Gene Therapy for Hemophilia B Shows Promise


A small study finds that an adeno-associated virus gene therapy eliminated both spontaneous bleeding and the need for factor IX prophylaxis in patients with hemophilia B.

A gene therapy being tested in a phase 1/2 study for hemophilia B achieved normal levels of factor IX at low doses, but required immunosuppression, according to findings of a study recently published in the New England Journal of Medicine.

In the small study, 9 of the 10 patients with hemophilia B treated with the gene therapy, verbrinacogene setparvovec (FLT180a), had durable factor IX expression. The gene therapy eliminated both spontaneous bleeding and the need for factor IX prophylaxis. Hemophilia B is a genetic disorder caused by missing or defective factor IX, a clotting protein.

Amit Nathwani, M.D., Ph.D.

Amit Nathwani, M.D., Ph.D.

“Gene therapy is still a young field that pushes the boundaries of science for people with severe genetic diseases,” Amit Nathwani, M.D., Ph.D., professor of hematology at the University College London Cancer Institute, one of the study authors and co-founder and board member of Freeline, said in a press release. “The B-AMAZE long-term data add to the growing body of evidence that gene therapy has the potential to free patients from the challenges of having to adhere to lifelong therapy or could provide treatment where none exists today.”

Nathwani is also a founder and clinical and scientific advisor and director at Freeline.

But developing a gene therapy for hemophilia B has been challenging.

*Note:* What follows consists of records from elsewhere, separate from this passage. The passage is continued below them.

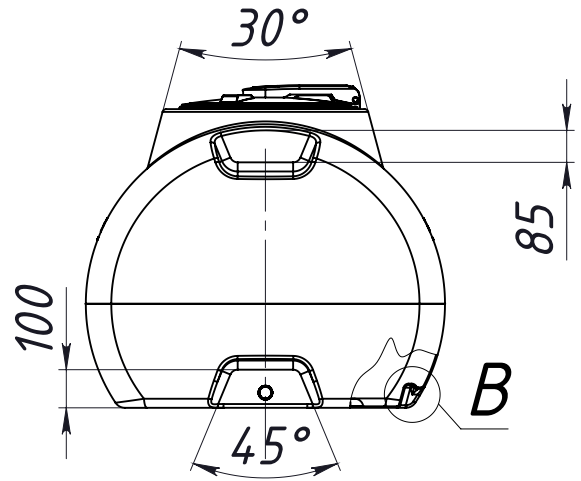

CK 0000.10-VGR0500 G

Допустимі відхилення розмірів - в межах +/-5%

A (1 : 5)

B (1 : 5)

CK 0000.10-VGR0500 G

Ємність
горизонтальна
500 літрів

Літ.	Маса	Масштаб
	15	1:20
Аркуш		Аркушів

ЗМ	Арк.	№ документа	Підпис	Дата
Розробив		Прокопчук В		
Перевірів				
Т. контр.				
Н. контр.				
Затверд.				
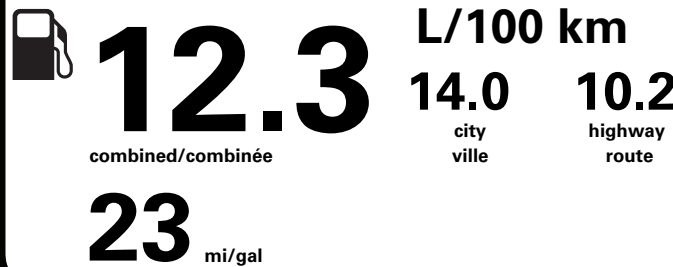

WARRANTY

- 3YR/60,000KM BASIC
- 5YR/100,000KM POWERTRAIN
- ROADSIDE ASSISTANCE 24 HRS

INCLUDED ON THIS VEHICLE

EQUIPMENT GROUP 302A

- •XLT SERIES
- •SIDEVIEW MIRROR SPOTLIGHT-LED
- •POWER SLIDING REAR WINDOW
- •REAR PRIVACY GLASS W/DFRST

OPTIONAL EQUIPMENT/OTHER

2026 MODEL YEAR	
FEDERAL EXCISE TAX	100.00
3.5L V6 ECOBOOST ENGINE	NO CHARGE
275/65R18 BSW ALL-TERRAIN	
3.55 ELECTRONIC LOCKING AXLE	NO CHARGE
7200# GVWR PACKAGE	
XLT BLACK APPEARANCE PACKAGE	950.00
.18" GLOSS BLACK WHEELS	
TOW/HAUL PACKAGE	1,175.00
.TRAILER BRAKE CONTROLLER	
TOW MIR-MAN FLD/TELE HT/PWR GL	360.00
BED UTILITY PACKAGE	1,125.00
.TAILGATE STEP	
CONN PKG: 1YR INCL W/FORD APP	NO CHARGE
SPORT CLOTH 40/CON/40 FR SEAT	
##SPECIAL ADDED DISCOUNTS##	
XLT SERIES DISCOUNT	- 1,750.00

(MSRP)*

7,440.00

TOTAL BEFORE REDUCTIONS

(MSRP)*

83,420.00

PRICE INFORMATION

BASE PRICE	$69,675.00
TOTAL OPTIONS/OTHER	11,150.00
TOTAL VEHICLE & OPTIONS/OTHER	80,825.00

DESTINATION & DELIVERY

2,595.00

"THIS VEH. NOT INTENDED FOR SALE OR REGISTRATION IN US" RETAIL PRICES EXCLUDE GST/HST

Canada

ENERGUIDE

Gasoline Vehicle
Véhicule à essence

Fuel Consumption / Consommation de carburant

Annual fuel cost
for an annual distance of 20,000 km, and an average fuel price of $1.50 per litre

$ 3 690

Coût annuel en carburant

pour une distance annuelle de 20 000 km, et un prix moyen du carburant de 1,50 $ par litre

Standard pickup trucks range from /
Les camionnettes ordinaires font entre
2.7 - 19.7 L_e/100 km

L_e is gasoline litre equivalent
L_e signifie litre équivalent d'essence

Carbon Dioxide Rating / Indice de dioxyde de carbone

Tailpipe emissions only / Émissions du tuyau d'échappement seulement

Smog Rating / Indice de Smog

Estimates are based on Government of Canada approved criteria and testing methods. Vehicle's actual fuel consumption will vary.

Estimations établies selon des méthodes d'essai et des critères approuvés par le gouvernement du Canada. La consommation de carburant réelle du véhicule variera.

For more information visit

vehicles.nrcan.gc.ca

Pour plus d'information visitez

vehicules.nrcan.gc.ca

U.S. GOVERNMENT SAFETY RATINGS
COTES DE SÉCURITÉ DU GOUVERNEMENT AMÉRICAIN

Overall Vehicle Score /
Cote globale du véhicule ★ ★ ★ ★ ★

Frontal Crash / Collision frontale
Driver / Conducteur ★ ★ ★ ★ ★
Passenger / Passager ★ ★ ★ ★ ★

Side Crash / Collision latérale
Front seat / Siège avant ★ ★ ★ ★ ★
Rear seat / Siège arrière ★ ★ ★ ★ ★

Rollover / Capotage ★ ★ ★ ★

Star ratings range from 1 to 5 stars (★★★★★), with 5 being the highest.
Les cotes varient de 1 à 5 étoiles (★★★★★), 5 étant la cote la plus élevée.

Source: U.S. National Highway Traffic Safety Administration
For more information / Pour de plus amples renseignements
www.safercar.gov

Download the Ford app
Connect your Ford with your phone

Available Remote Features*

- Remote Start, Lock and Unlock
- GPS Location
- Vehicle Health Monitoring

SOLD TO/VENDU A Mt. Brydges Ford Sales Ltd. 8791 Glendon Drive Mt Brydges ON CAN N0L 1W0	B80 187	RAMP ONE/ TERMINAL UN CM6B	DEALER NO./CONCESSIONNAIRE B80 187

TOTAL MSRP $81,670.00

SHIP TO (IF OTHER THAN SOLD TO) / EXPÉDIER A (SI AUTRE QUE L'ACHÉTEUR)	RAMP TWO/ TERMINAL DEUX	FINAL ASSEMBLY PLANT/ USINE DE MONTAGE KANSAS CITY

* MANUFACTURER'S SUGGESTED RETAIL PRICE = MSRP
* NOTE: THIS PRICE HAS BEEN DEVELOPED AS A GUIDE. DEALERS MAY SELL FOR LESS AND ARE NOT UNDER ANY OBLIGATION TO ACCEPT THIS SUGGESTED RETAIL PRICE.

SHIP THROUGH/EXPÉDIER VIA	METHOD OF TRANSP / MODE DE TRANSPORT CONVOY	ITEM #: B8-D635 O/T 2 I301 R TE 2AJ 620 000424 03 17 26

Previous studies didn’t prevent bleeding, and high doses of the vector used to carry the gene to the liver led to inflammation and hepatoxicity.

The developer of verbrinacogene setparvovec, London-based Freeline Therapeutics, has developed a proprietary technology that directs the gene therapy to the liver. The therapy contains several components. The first is an adeno-associated virus that is used as a delivery mechanism, or vector. In the case of verbrinacogene setparvovec, the vector AAVS3 has a protein shell, or capsid. Within this is a cassette that encodes the Padua variant of human factor IX. (The Padua variant was identified by researchers at the University of Padua in Italy and has a single point mutation, which can lead to more efficient thrombin generation.)

The capsid is responsible for directing the gene into the correct cells and the expression cassette guides tissue-specific synthesis of the therapeutic protein. Company researchers believe this technology allows higher gene activity and lower viral load from the vector.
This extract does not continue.